Ama inanılmaz su içişler ve sık tuvalete gidişlerle beraber yemek yemelerime rağmen zayıflamam da devam etmekteydi. Bana çok zayıfladın diyenlere normal halim diyerek karşı çıkıyor ve yüksek şekerin uyuşturduğu beynimle endişelenmeden yaşamaya devam ediyordum.
Sonuçta grip bile olmayan ne kadar ağır çalışırsa çalışsın yılmayan ve yorulmak bilmeyen biriydim. Aklım bana resmen oyun oynuyor ve dayanma kuvvetinin sonuna kadar beni ayakta tutuyordu. Ve hatta şekerin en tavan yaptığı zamanlarda ben en az 3 bin km’lik seyahatleri tamamlayabiliyordum.
Ancak 9 Ocak 2012 gecesi uykudan uyanıp beş litre su içince artık beni kısır döngüye sokan aklıma bir dur deyip doktora gittim.
Su içmek ve çok yemek yemek istemiyordum. Kan tahlili falan derken doktor götürdüğüm sonuçlara bakıp bağırarak bana; ‘Emre Yaprak, çok ağır diyabet hastasısın’ deyince sorduğum ilk soru hala aklım da ‘Eeeee kurtulacak mıyım peki doktor?’.
İşin cilvesi ailede şeker hastası yok, çevremde yok, tanıdığım hasta birisi yok ve hiç ilgimi çekmemiş bu şey şimdi başımda. Asıl şok da bu oldu.
Neyse, hemen hastaneye yatış ve ilk yarım saatte bana bir hızlı bilgilendirme yapılması. Hangisine yetişeceğim diye şaşırıyordum. İşi standarda bağlamışlar ve takır takır anlatıp gidiyorlar.

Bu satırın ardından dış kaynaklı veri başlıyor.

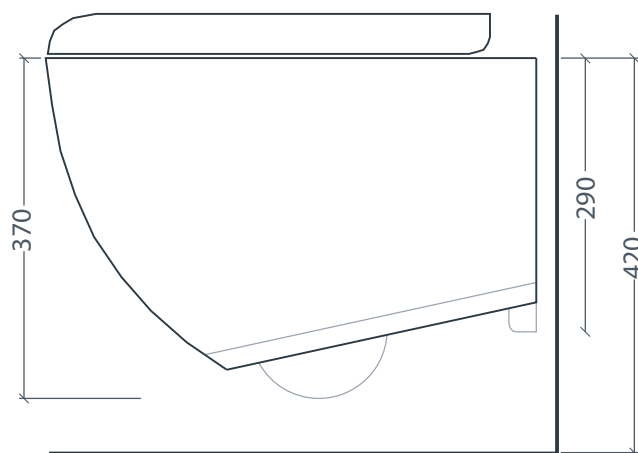

File 2.0 væghængt toilet

LAVABO®

Varenr.:
311209

VVS-nr.:
613333000

Farve:

Hvid

Overflade:

Glaseret, blank

Materiale:

Porcelæn

Skyllekant:

Uden skyllekant, rimless

Boltafstand:

180 mm

Skjult montering:

Ja

Incl. toiletsæde:

Nej

Vægt:

21 kg

OBS: De angivne mål kan variere med ca. 0,6 % pga. slidtage i støbeformene eller variationer i de tekniske egenskaber ved de materialer, der anvendes i blandingen.
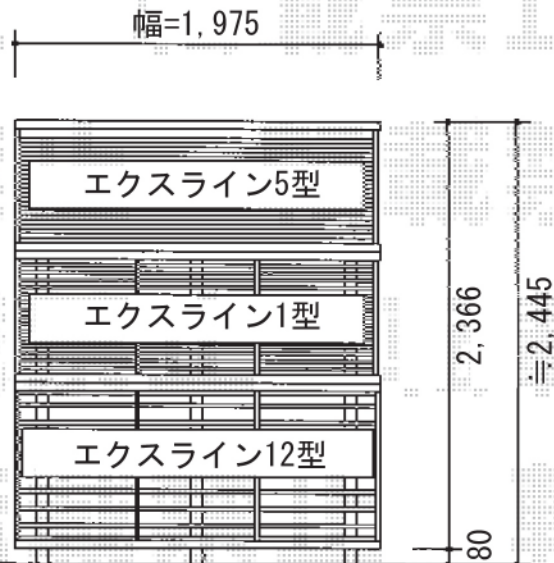

フェンス

YKK AP
 エクスラインフェンス5型+1型+12型[3段支柱/自立建て用]
 本体1枚 (W×H) =5型(1,975mm×800mm)
 1型(1,975mm×800mm)
 12型(1,975mm×1,000mm)
 自律立て用3段支柱(T-240) : 3本
 エンドキャップ : 3セット
 色 : プラチナステン

TOEX プリレオR9型フェンス[アルミ多段柱]
 本体1枚 (W×H) =(1,979mm×600mm)×2スパン
 (1,979mm×800mm)×2スパン
 多段柱(T-26) : 5本
 端部キャップ : 2セット
 色 : シャイングレー
 継手セット : 2セット
 上下ブラケット : 2セット 中間ブラケット : 2セット

Sadece genç bayan doktorun benim gördüğüm en yüksek HbA1c değerli hastasın demesi oldu o anı aklıma kazıyan. Ben hala diyorum ki ‘Eeeee yüksekse ne olmuş diye’. Ama saatler geçmeye başladıkça, her gelen hemşireye tek tek sormaya başladım Olayın vehametini anladımmmmm… ‘Al işte dedim Emre, bu kadar. Şeker bir adam olmanın faturası. Ve işte üstüne yapıştı bu iş’.
Yanımda yatan ve yavaş yavaş budanan şeker hastası amcayla konuştukça da halime şükrettim. En azından karşıma gelen her işi ciddiye alan bir kişilik olduğumdan bu işi de ciddiyetle ele alacak ve onun gibi inkar etmeyecektim.

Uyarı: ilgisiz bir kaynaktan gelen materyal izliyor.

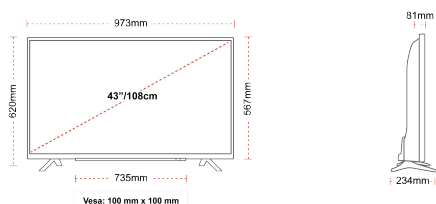

## KIJELZŐ

Képernyőméret (cm & hüvelyk)	43" / 108cm
Panel Típusa	DLED
Felbontás	Ultra HD (3840 x 2160)
Fényesség	350

## MECHANIKUS

Méreték csomagolással együtt (mm)	1085 x 154 x 710
Méreték csomagolás nélkül (mm)	973 x 234 x 620
Méreték állvány nélkül (mm)	973 x 81 x 567
Teljes tömeg (kg)	11
Nettó tömeg (kg)	8
VESA falra szerelés méretek (szxm)	100mm x 100mm
Csavar mérete	M4

Altıncı gün ikinci askerlik gibi diyabetten terhis oldum. Ve yine kendi başıma bırakıldım. Başlarından savar gibi taburcu ettiler ve bana dediler ki; ‘al kendin dozlarını ayarla günde dört defa’. Baktım ki yalnızım kendimi verdim bu işi kendi kendime alt etmeye. Bebek adımlarıyla deneyerek yanılarak ve hiç bir şeyi unutmamaya çalışarak bugüne geldim.
Yarın (18.05.2012) taburcu oluşumun tam dördüncü ayı. Bugün ilk kan tahlilimi aldım ve sonuçları gördüğümde kendimle gurur duydum. Bebek büyümeye başlamış ve bilinçlenmişti hemen o coşkuyla Esra Hanım’ı aradım ve ona olan sözümü yerine getirdim. Saolsun bir destekte kendisinden bana geldi.

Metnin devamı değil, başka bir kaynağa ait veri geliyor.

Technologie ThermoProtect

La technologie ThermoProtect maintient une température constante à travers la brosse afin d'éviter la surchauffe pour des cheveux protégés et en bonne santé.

Kısmetse bundan sonrasında asla yılmak yok.
Takipçimiz : Emre Yaprak
Emre Bey,
Yaşadıklarınızı çok güzel anlatmışsınız.
İnşallah hep böyle güzel gider şeker düzeyleriniz ama şuna inanın sizin yaşadıklarınızı hep yaşadık. Ama zamanla alışıyoruz.
Bana artık diyabet hastasısın dediklerinde dünyam degişti. Ama Esra Hanım benim melegim oldu. Artık daha farklı bakıyorum. Bu hastalıkla yaşamaya ve hiç te zor gelmemeye başlıyo zamanla.
Bir de hipoglisemiler olmasa daha iyi olacak ama hep yaşadıgım yüksek şekerlerden sonra bu ataklar beni baya zorluyor. Ama az kaldı. Bu da biticek zamanla inşallah daha da iyi olursunuz Emre Eey.